The use of agricultural fields is fundamental for the production of primary goods necessary for human beings, but this involves numerous quantities of carbon used in the transport of the goods themselves in department stores or shops. These quantities of carbon are then released into the air in the form of greenhouse gases by means of transport and these actions, like other human actions, contribute to global warming.

In-House Greenhouse let you control your smart greenhouse via your smartphone wherever you are in the world. Never ask a friend to water your plant again!

This smart greenhouse allows you to fully manage up to 6 plants, providing water and collecting useful information such as soil moisture and air temperature.

The collected data is used to show statistics about the growth of your plants and to alert you in case of problems on one or more plants in your in-house greenhouse. These data can be shared between friends, so that you can compare your statistics with them.

This is a small diagram showing all the components that make up the In-House Greenhouse system:

This is a small diagram showing all the components that make up the In-House Greenhouse system. The Greenhouse collects data about the state of the plants and the surrounding environment via sensors, and then sends this data to the server via HTTP calls to the API, which will save the data within the PostgreSQL database.

The phone application is strictly dependent on the API. The data shown in the various interfaces, such as the list of added greenhouses, statistics of the various plants, etc. are read dynamically via HTTP requests sent to the API. The user through the phone application as well as view the data in the DB can also modify them: it is possible to change the information of any greenhouse and any plant owned by the user.

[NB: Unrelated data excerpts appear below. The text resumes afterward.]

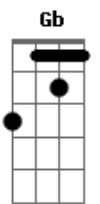

© ukulele-chords.com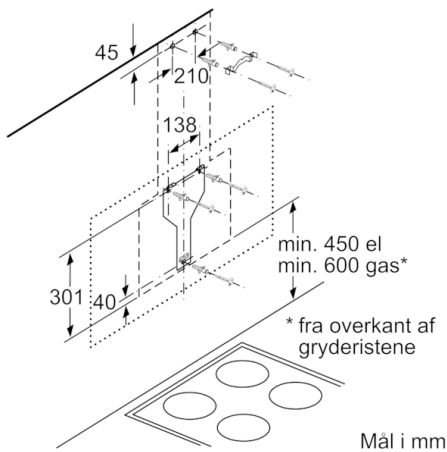

## Serie | 4, Væghængt emhætte, 90 cm, Klart glas med sort tryk DWK97HM60

**Emhætte i vinklet design: giver et optimalt overblik af kogepladen.**

---

### Design

- Montering: Til vægmontering
- TouchControl betjening med LED indikering
- Belysning: 2 stk LED
- Farvetemperatur: 3500 k

**Serie | 4, Væghængt emhætte, 90 cm, Klart glas med sort tryk  
DWK97HM60**

Apparat i cirkulationsdrift  
uden kanal  
Cirkulationssæt kræves

Mål i mm

Mål i mm

Vær opmærksom på bagvæggens maksimale tykkelse.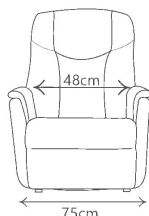

- Malli: "Paris"
- Vakio verhoiluväri: "Light Taupe"
- Istuinleveys ja -korkeus 48 cm, -syvyys 52 cm
- Paino 44,5 kg
- Max. Käyttäjäpaino 140 kg
- Toimituspakkaus: 78x76x66 cm (47,5 kg)

Kysy myös vuokrausta tai osamaksua!

Toiminnot

Tekniset tiedot

Toiminnot: Pystyynnosto / -lasku, jalkaosan kulmansäätö ja selkäosan kulmansäätö lepoasentoon.

Runko:

- Massiivipuuta
- Vaneria

Selkäosa:

- Punosrakenne
- Polyuretaani vaahdo

Istuinosa:

- Nettopaino 44,5 kg
- Kokonaispaino 47,5 kg
- Tilavuus 0,39 m³
- 78 x 76 x 66 cm (LxWxH)

Lisävarusteet:

- Pyöräsetti helpottaa siirtämistä:
- Vara-akkuasetti

Verhoiluvärit

Valmistaja:
Livorno Salotti Europe
info@livorvosalotti.com
www.livorvosalotti.com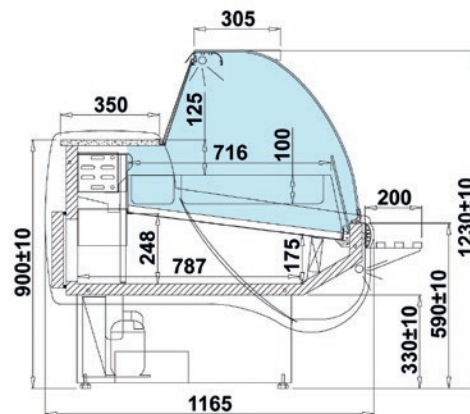

Exponeringsdisk Basia 2 Gastro

- Böjt frontglas
- Standard vit
- Arbetskiva i rostfritt
- Belysning LED
- Fläktskyld (w)
- Digital termostat
- Kylt lagerutrymme
- Anpassad för GN-kantiner

Valfri färgsättning ingår, se sid 268!

Basia 2 Gastro

Teknisk info	Basia 2 1.1	Basia 2 1.4	Basia 2 1.7	Basia 2 2.1	Basia 2 2.5
Mått utv LxBxH	1040x1165x1230 mm	1370x1165x1230 mm	1670x1165x1230 mm	2000x1165x1230 mm	2540x1165x1230 mm
Temperaturområde	+4...+10 °C	+4...+10 °C	+4...+10 °C	+4...+10 °C	+4...+10 °C
Ansl el	230V/1/50Hz	230V/1/50Hz	230V/1/50Hz	230V/1/50Hz	230V/1/50Hz
Ansl.effekt. (fläkt)	276 W	356 W	371 W	579 W	727 W
Netto vikt	140 kg	160 kg	190 kg	215 kg	290 kg
Avfrostning	Automatisk	Automatisk	Automatisk	Automatisk	Automatisk
Pris fläktskyld (W)	20 200:-	24 000:-	28 000:-	33 300:-	40 400:-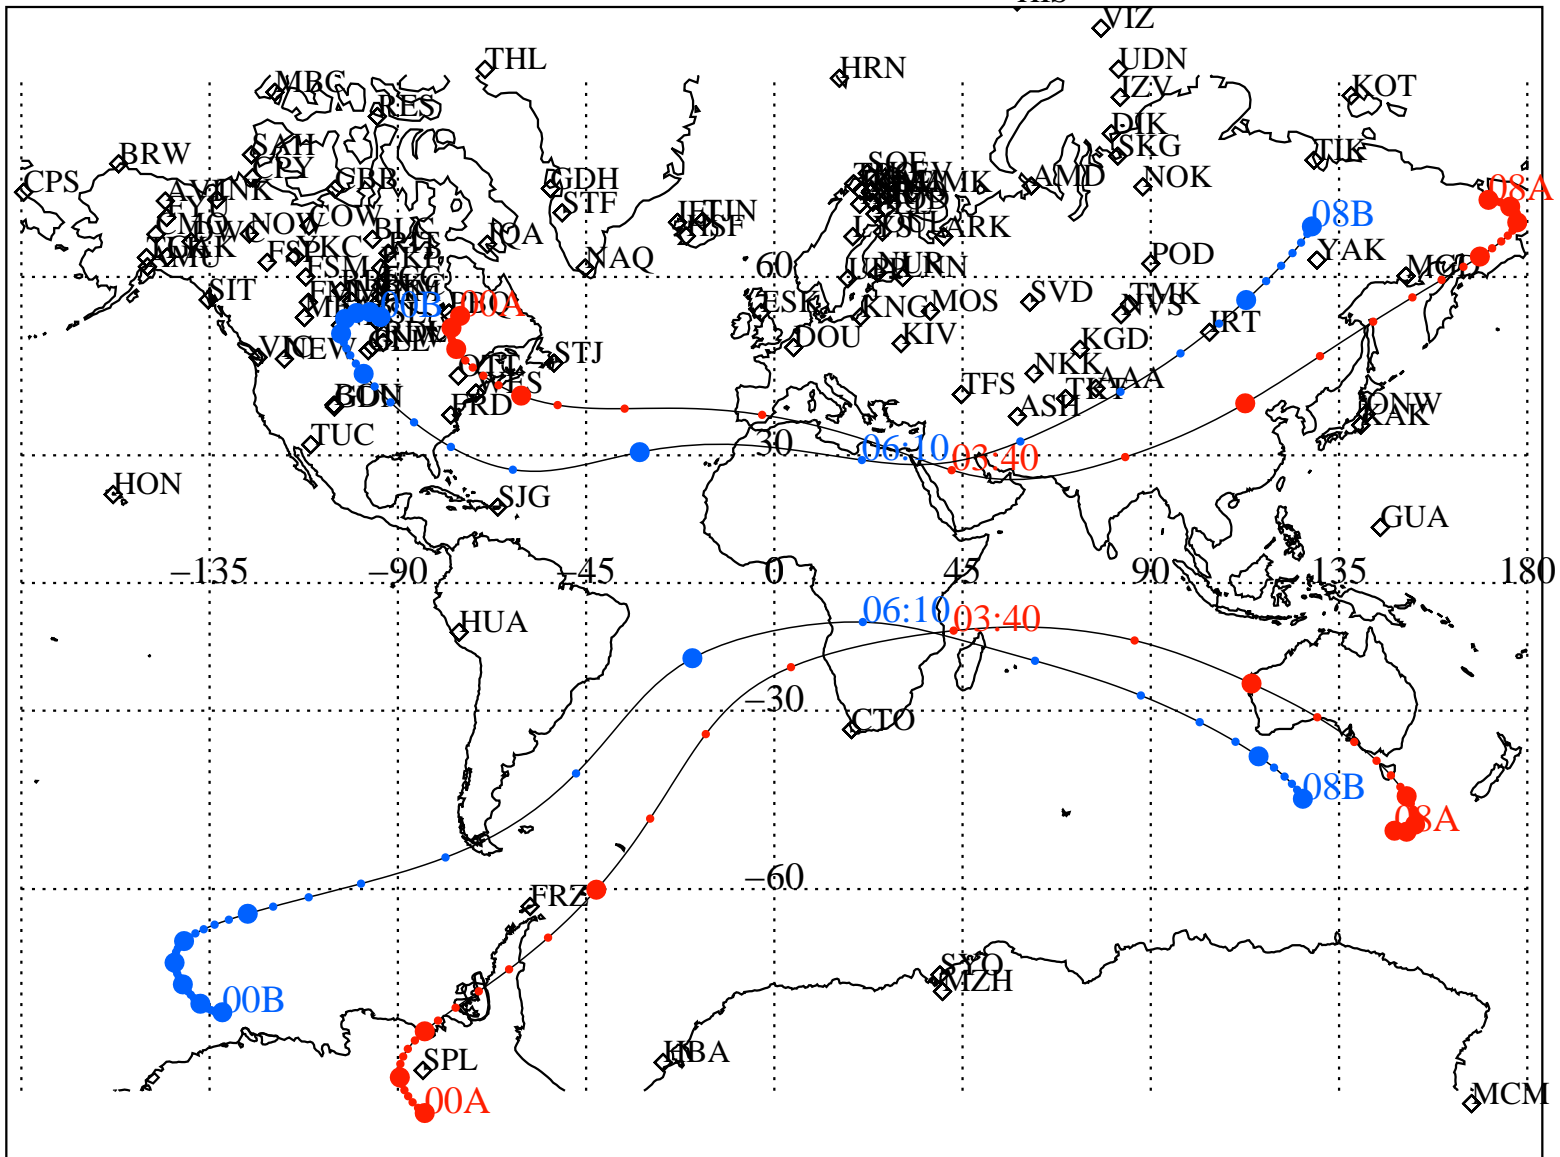

ALE
 VAN ALLEN PROBES 2013 242 (08/30) 00:00 to 2013 242 (08/30) 08:00

RBSPA-A, RBSPB-B,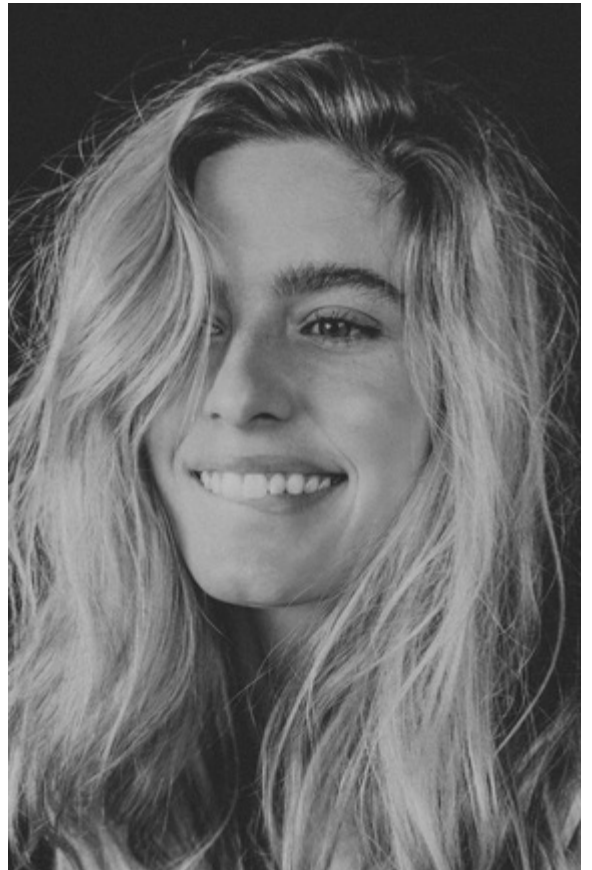

**MODEL  
MANAGEMENT**

**Cheyenne Rubens**

**Height:** 5' 6" (167cm) **Bust:** 34" (86.36cm) **Waist:** 24" (60.96cm)  
**Hips:** 34" (86.36cm) **Dress Size:** 2 **Shoes:** 7 **Hair Color:** Blonde  
**Eye Color:** Hazel

## Cheyenne Rubens

**Height:** 5' 6" (167cm) **Bust:** 34" (86.36cm) **Waist:** 24" (60.96cm) **Hips:** 34" (86.36cm) **Dress Size:** 2  
**Shoes:** 7 **Hair Color:** Blonde **Eye Color:** Hazel

5151 California Ave. Suite 100 Irvine, CA 92617 | p 949-825-7009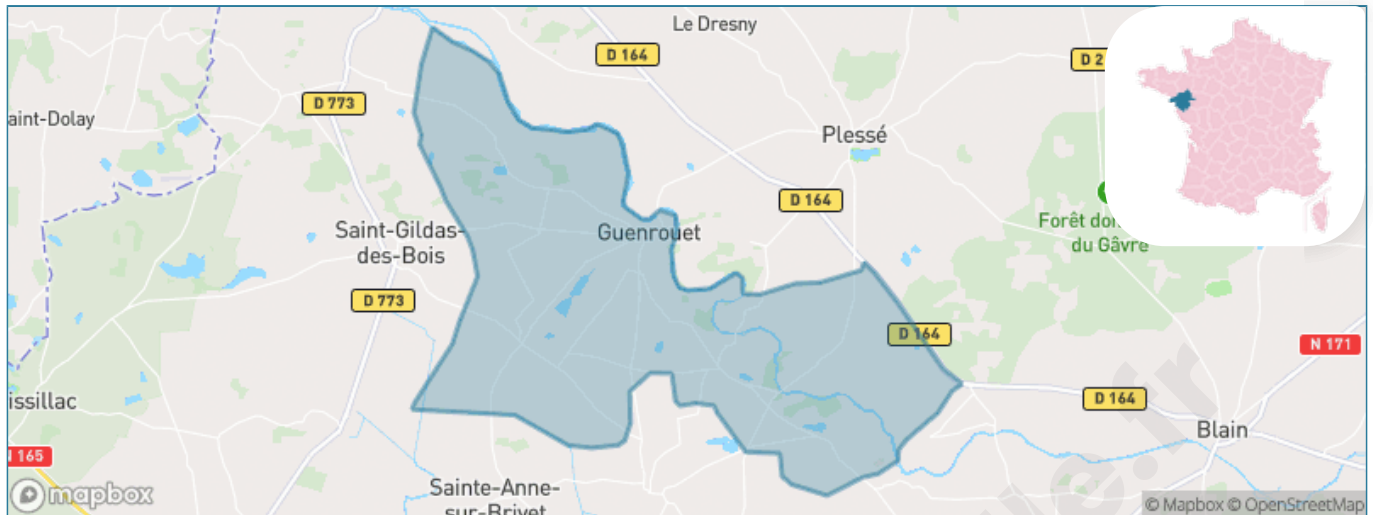

# Ville de Guenrouet

Présenté par

**BIEN** dans  
ma **VILLE** 

# Situation géographique

## i Informations clés

- **Région** : Pays de la Loire
- **Département** : Loire-Atlantique
- **Code postal** : 44530
- **Superficie** : 69 km<sup>2</sup>

The core of the application, the APIs, are runnning inside a Docker container (also the database they are connected to). The use of a container offers several potentialities to the product such as great scalability (being able to dynamically increase the number of API containers if the main container is overloaded). Through Docker-Compose it is easy to start the entire application on any platform without any additional configuration.

This chapter describes each component present in the system, delving into the technologies and languages used for their development.

The application is developed with React Native and Expo using TypeScript. To simplify the development of the application views, the app uses Ui Kitten as UI framework.

The physical greenhouse is able to manage itself autonomously.

The software behind the physical IoT greenhouse allows it to be managed autonomously. Its software, which has been called "GreenCore", allows the greenhouse to manage autonomously both the configuration part (at the first power on a greenhouse must be registered within the system via API). It has been implemented entirely in Java using also some parallel programming techniques to optimize some sensor reading processes. Moreover, the Pi4J library (version 1.4, https://pi4j.com/1.4) is used to allow the control of the GPIO pins of the Raspberry Pi 3 Model B+.

The greenhouse features the following sensors:

• 6 soil moisture sensors to collect soil data from plants
• 1 water level sensor that monitors the level of the water tank
• 1 air temperature sensor
• 1 air humidity sensor

The data generated by the sensors are made available by the smartphone application, through special APIs that take care of saving the data within the database.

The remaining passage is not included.